Monthly Archives: August 2014

Writing your query letter

One of the most daunting tasks an author will ever face is writing the query letter for their novels. Personally, I hate them. They rank somewhere between ripping off my fingernails and walking on broken glass in my “how much do I like doing this” category. I’ve learned over the years that by following a few rules, the process is a lot less stressful. Here’s what I’ve learned. Feel free to add your own rules in the comments section.

1. Keep it simple. Don’t try to be too cutsie with your query. Keep it short, sweet, simple, and to the point.

2. Write in the present tense. Most agents/publishers prefer present tense in queries. Hedge your bets and write in the present.

3. Visit Query Shark website and READ, STUDY, AND LEARN. This is beyond a doubt the best site there is for helping with a query.

4. Who is your protagonist? What do they want? What’s stopping them from achieving their goals? What are their ultimate consequences? This step is the most important when writing your query. If you can’t answer these questions, it’s not the query that’s the problem, it’s the story.

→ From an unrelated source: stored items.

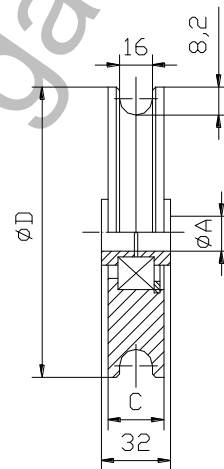

Ролка Estebro® за плъзгачи се врати с лагер ф 120x20 мм, неръждаема стомана 303, U-20

Cod	Dimens.	ØD	C	ØA			Peso Max. Kg
395	80x20	78	25,5	16	6	3,40	655
396	100x20	98	25,5	16	4	4,30	655
397	120x20	118	25,5	16	2	3,30	655

Family: Wheels

Material: 11SMn30 steel

Finish: Zinc-plated

Maximum weight supported by the bearing*: See table

Description: Wheel with 6204 2RS bearing. It is normally installed on overhead doors to allow the displacement of the cable. It can be supplied with reducing sleeves to 16 mm, with an axle of Ø 20 mm and 80 mm long, except code 447.

***In perfect conditions of installation, usage and maintenance.**

Продукт: [Ролка Estebro® за плъзгачи се врати с лагер ф 120x20 мм, неръждаема стомана 303, U-20](#)

Категория: [Плъзгачи се врати](#)

Бранд: [Estebro®](#)

5. Don’t name a bunch of characters. Try to name no more than two characters in your query. One is preferred, two is okay, three is stretching it, four or more…NO, NO, NO!

6. Open the query with a great hook! You have one shot to catch an agent’s/ publisher’s attention. Don’t kill that shot with a weak or non-existent hook.

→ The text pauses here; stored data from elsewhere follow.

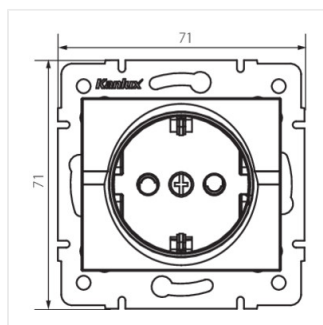

Schuko-Steckdose mit Kontaktschutz max. 16A.

- Material: ABS
- Kunststoff: ABS

Logi Gniazdo zasilające pojedyncze, Schuko Ochrona styków

Schuko-Steckdose mit Kinderschutz

LOGI 02-1240-102 bi

LOGI 02-1240-103 kr

LOGI 02-1240-143 sr

LOGI 02-1240-141 gr

LOGI 02-1240-102 bi

LOGI 02-1240-103 kr

LOGI 02-1240-143 sr

LOGI 02-1240-141 gr
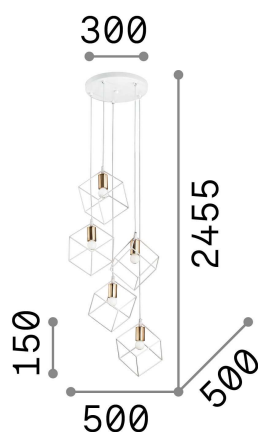

Informations générales

Intérieur - Suspensions

Ean	8021696237664
Article	ICE SP5 NERO
Installation	Suspensions
Garantie	5 years
Poids brut	3.5 kg
Le volume	0.034485 m ³

Info technique

Poids net	2.92 kg
Classe d'isolation	I
Indice de protection	IP20
Conformité	CE
Température de fonctionnement	0° ~ +40 °C
Dimmer	Determined by the light bulb
Puissance de sortie	220-240 V AC
Source de courant	Not required

Informations sur la source

Source intégrée	Light bulb (not included)
Source remplaçable	No
la puissance	E27 max 5 x 60 W
Émissions	Diffuse
Consommation maximale	-
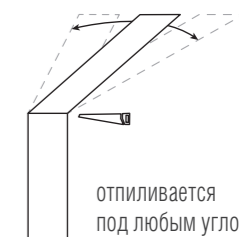

отпиливается под любым углом
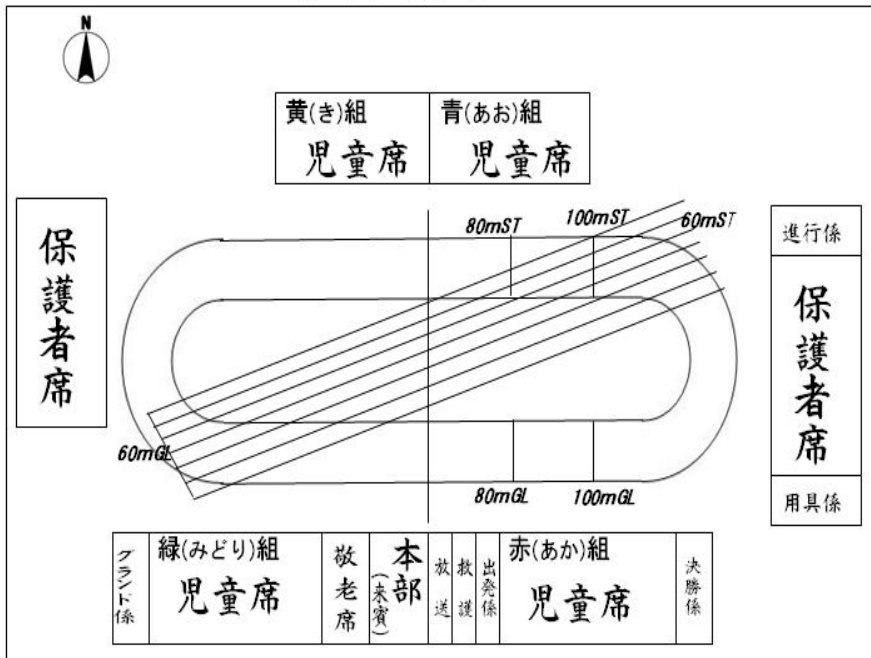

注意事項

- ◆保護者の方(ご家族の方)は必ず、バッジか校章シールをお付け下さい。
- ◆運動場開場は6時30分です。
  開場前からの場所取り等や折りたたみ機の持ち込み等のご遠慮下さい。また、北山通りでの駐停車は近隣の方々へのご迷惑となりますのでおやめ下さい。
  グラウンド内で敷物を広げての場所取りは、ご遠慮下さい。
  節度ある態度でお互いに譲り合ってご観覧下さい。尚、本部席横には敬老席を用意しております。
- ◆ゴール付近は立ち入り禁止です。特に低学年児童は、ゴール付近に人が大勢いますと最後まで全力で走りきれない場合がありますのでご協力下さい。

- ○校内全面禁煙です。また、ゴミは各自お持ち帰り下さいますようお願いいたします。
- ○お手洗いはプール下と校舎西側(1F・2F・3F)トイレのみ使用できます。
- ○昼食について、今年度は新校舎建築工事の都合上、場所が広く取れないため、親子別々の昼食となります。保護者の皆様の昼食は運動場の保護者席、児童席、北庭、中庭、第2コート、マリアンホール(給食室)、のいずれかでなさして下さい。その他の場所での昼食はご遠慮下さい。マリアンホールは、午前の競技終了後から午後の競技開始時刻までご利用いただけます。マリアンホールは土足禁止ですので、ご使用の際は上履きをご用意下さい。
- ○第2コートは昼食時のみ使用可能です。昼食時以外は児童の集合場所・準備体操などの場所となりますので何も置かないようにして下さい。工事現場へは、一切、立ち入らないで下さい。児童席はブルーシートになります。

7. Don’t ever (and I mean ever) open a query with a rhetorical question. What if…? Would you…? How long…? Agents tend to HATE rhetorical questions. Don’t blow your one chance by opening with one.

8. Try to keep the query at 250 words or less. Long queries, bored agents, slush pile.

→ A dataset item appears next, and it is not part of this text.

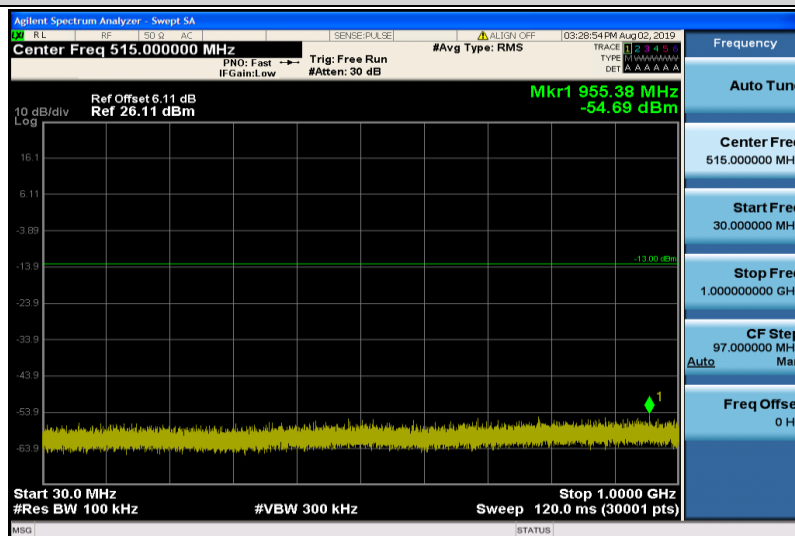

Band4-5MHz-16QAM-20375-1RB#0-30~1000MHz

Band4-5MHz-16QAM-20375-1RB#0-1000~26000MHz

Band4-10MHz-QPSK-20000-1RB#0-30~1000MHz

Band4-10MHz-QPSK-20000-1RB#0-1000~26000MHz

Band4-10MHz-QPSK-20175-1RB#0-30~1000MHz

9. Don’t put your book’s title, genre, word count, etc. in the first paragraph unless specifically requested by an agent. Most agent’s want this stuff at the end. Keep it in the last paragraph along with your writing creds. if you have any.

10. NEVER EVER address the query to an agent or publisher with Dear Agent. Use their name. How would you like it if they answered you with Dear Writer, Your query stinks. Sincerely, Dear Agent?

11. Do your research! Find out which agents/publishers are accepting queries in your book’s genre, then find out which specifically want stories like yours. Also, read the agent’s bio. Learn who you are querying!

12. Check for spelling, grammar or other errors. This is your query letter! For pete’s sake check the damned thing before you send it to agents.

That’s about it. If you think of anything I’ve forgotten, feel free to add.